Task brief. In your copy, leave out the pictures and repeat the entries below exactly.
**** Exercise data ****
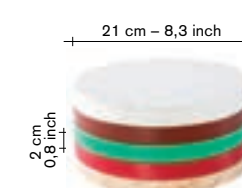

V9017044

set e / finishing / colours

- white marble
- burgundy
- green
- red
- pink marble

adv.

465,00

all prices are in euro
****
Answer space.
V9017044

set e / finishing / colours

- white marble
- burgundy
- green
- red
- pink marble

adv.

465,00

all prices are in euro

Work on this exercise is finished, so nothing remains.